Turn off UUID in sql statements so that Performance insights can aggregate

eweb · August 8, 2024, 9:13am

Quicksight adds a comment with a unique identifier to sql queries. e.g.
/* QuickSight 01456d7b-af4b-4e6f-8fed-30cd97968bdd */ which means that Performance insights fails to aggregate. Is there a way to turn theses comments off?

jayeshrd · August 8, 2024, 10:38am

Hello @eweb, the unique identifiers are added as comments to the query text by design so it cannot be turned off. Can you please elaborate on what performance insights do you refer to?

eweb · August 8, 2024, 10:59am

AWS RDS performance insights. It groups similar queries and gives averages. But if all queries are distinct then it is harder to see where performance problems lie. e.g. if I am loading 6 datasets I’d like to see 6 aggregates. But what I see is each statement separately, as below

jayeshrd · August 8, 2024, 2:12pm

You can see aggregated metrics like IngestionInvocationCount, IngestionLatency and IngestionRowCount per data-set in your CloudWatch. For more information see monitoring data in Amazon QuickSight. Let me know if this what you are looking for.

eweb · August 8, 2024, 2:31pm

No it isn’t. We are looking to utilize aws rds performance insights. The unique identifiers in the queries breaks that.

robdhondt · August 8, 2024, 6:26pm

Hi @eweb -

No way to turn this off in QuickSight.

Do you have api / programmatic access? You could use boto3 and python to do this.

https://boto3.amazonaws.com/v1/documentation/api/latest/reference/services/pi.html

Example:

import boto3
import re
from datetime import datetime, timedelta

# Function to strip UUID from QuickSight SQL comments
def strip_uuid_from_query(sql):
    return re.sub(r'/\* QuickSight [0-9a-fA-F-]+ \*/', '', sql)

# Initialize a session using Amazon RDS
client = boto3.client('pi')

# Define your parameters
db_identifier = 'your-db-identifier'
start_time = datetime.utcnow() - timedelta(hours=1)
end_time = datetime.utcnow()
period_in_seconds = 60

# Define the metric query
metric_query = {
    "Metric": "db.sql_tokenized.avg",
    "GroupBy": {
        "Group": "db.sql_tokenized.query",
        "Limit": 10
    }
}

# Get the performance insights data
response = client.get_resource_metrics(
    ServiceType='RDS',
    Identifier=db_identifier,
    StartTime=start_time,
    EndTime=end_time,
    PeriodInSeconds=period_in_seconds,
    MetricQueries=[metric_query]
)

# Process the response
aggregated_data = {}
for metric in response['MetricList']:
    for datapoint in metric['DataPoints']:
        query = strip_uuid_from_query(metric['Key']['Dimensions']['db.sql_tokenized.query'])
        timestamp = datapoint['Timestamp']
        value = datapoint['Value']

        if query not in aggregated_data:
            aggregated_data[query] = []
        aggregated_data[query].append((timestamp, value))

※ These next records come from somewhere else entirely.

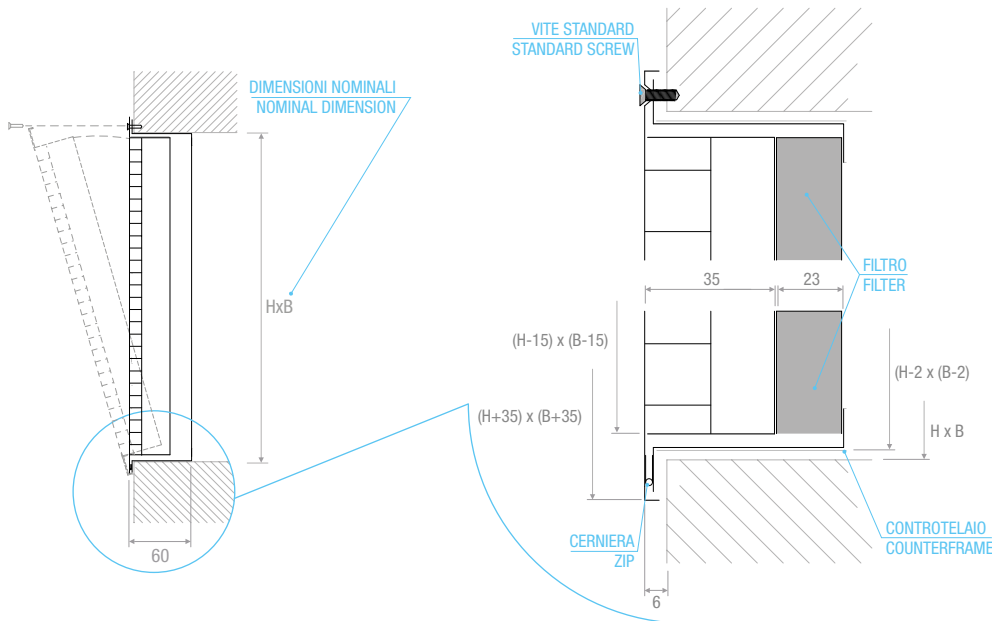

DIAGRAMMA SCELTA RAPIDA - QUICK SELECTION DIAGRAM

TABELLA DI SELEZIONE - SELECTION TABLE

Pag. 226-227

GMA3V

GMA3P

GMA3C

DIAGRAMMA SCELTA RAPIDA - QUICK SELECTION DIAGRAM

GRI

TABELLA DI SELEZIONE - SELECTION TABLE

Modello - Model	A _k [m ²]	Q [m ³ /h]		L _{WA} [dB(A)]		Dp _t [Pa]	
		min	max	min	max	min	max
GMA n° 200x200	0,0227	50	190	-	23	10	50
GMA n° 300x200	0,0353	80	280	-	24	10	50
GMA n° 400x200	0,0478	110	380	-	26	10	50
GMA n° 500x200	0,0604	140	480	-	27	10	50
GMA n° 600x200	0,0730	170	570	-	28	10	50
GMA n° 800x200	0,0982	220	760	-	30	10	50
GMA n° 200x300	0,0352	80	280	-	24	10	50
GMA n° 300x300	0,0548	120	430	-	27	10	50
GMA n° 400x300	0,0744	170	580	-	28	10	50
GMA n° 500x300	0,0940	210	720	-	29	10	50
GMA n° 600x300	0,1136	250	870	-	30	10	50
GMA n° 800x300	0,1528	330	1160	-	32	10	50
GMA n° 200x400	0,0478	110	380	-	26	10	50
GMA n° 300x400	0,0744	170	580	-	28	10	50
GMA n° 400x400	0,1010	220	770	-	29	10	50
GMA n° 500x400	0,1276	280	970	-	31	10	50
GMA n° 600x400	0,1542	340	1160	-	32	10	50
GMA n° 800x400	0,2073	460	1560	-	33	10	50
GMA n° 200x500	0,0603	140	480	-	27	10	50
GMA n° 300x500	0,0939	210	720	-	29	10	50
GMA n° 400x500	0,1275	280	960	-	31	10	50
GMA n° 500x500	0,1611	350	1210	-	32	10	50
GMA n° 600x500	0,1947	420	1460	-	33	10	50
GMA n° 800x500	0,2619	560	1960	-	34	10	50
GMA n° 200x600	0,0729	160	570	-	28	10	50
GMA n° 300x600	0,1135	250	870	-	30	10	50
GMA n° 400x600	0,1541	340	1160	-	32	10	50
GMA n° 500x600	0,1947	430	1460	-	33	10	50
GMA n° 600x600	0,2353	510	1760	-	34	10	50
GMA n° 800x600	0,3165	690	2350	-	35	10	50
GMA n° 200x800	0,0980	220	760	-	30	10	50
GMA n° 300x800	0,1526	330	1160	-	32	10	50
GMA n° 400x800	0,2072	440	1560	-	33	10	50
GMA n° 500x800	0,2618	560	1960	-	34	10	50
GMA n° 600x800	0,3164	680	2350	-	35	10	50
GMA n° 800x800	0,4256	910	3150	-	37	10	50

# Print the aggregated data
for query, data_points in aggregated_data.items():
    print(f"Query: {query}")
    for timestamp, value in data_points:
        print(f"  {timestamp}: {value}")

Brett · August 20, 2024, 7:13pm

Hi @eweb,
It’s been awhile since we last heard from you. Were you able to try Rob’s last suggestion or find a different work around for your solution? If not, did you have any additional questions?

If we do not hear back within the next 3 business days, I’ll go ahead and close out this topic.

Thank you!

eweb · August 21, 2024, 9:00am

We use Performance insights to monitor and troubleshooting, the work around won’t work for us. But thanks for the suggestion. It would be nice if your approach was compatible with other AWS products. Feel free to close, but perhaps something for your team to consider in the future.

Brett · August 23, 2024, 3:54pm

Thanks for the response and the suggestion! I’ll mark this as a feature request for make visible to our support team!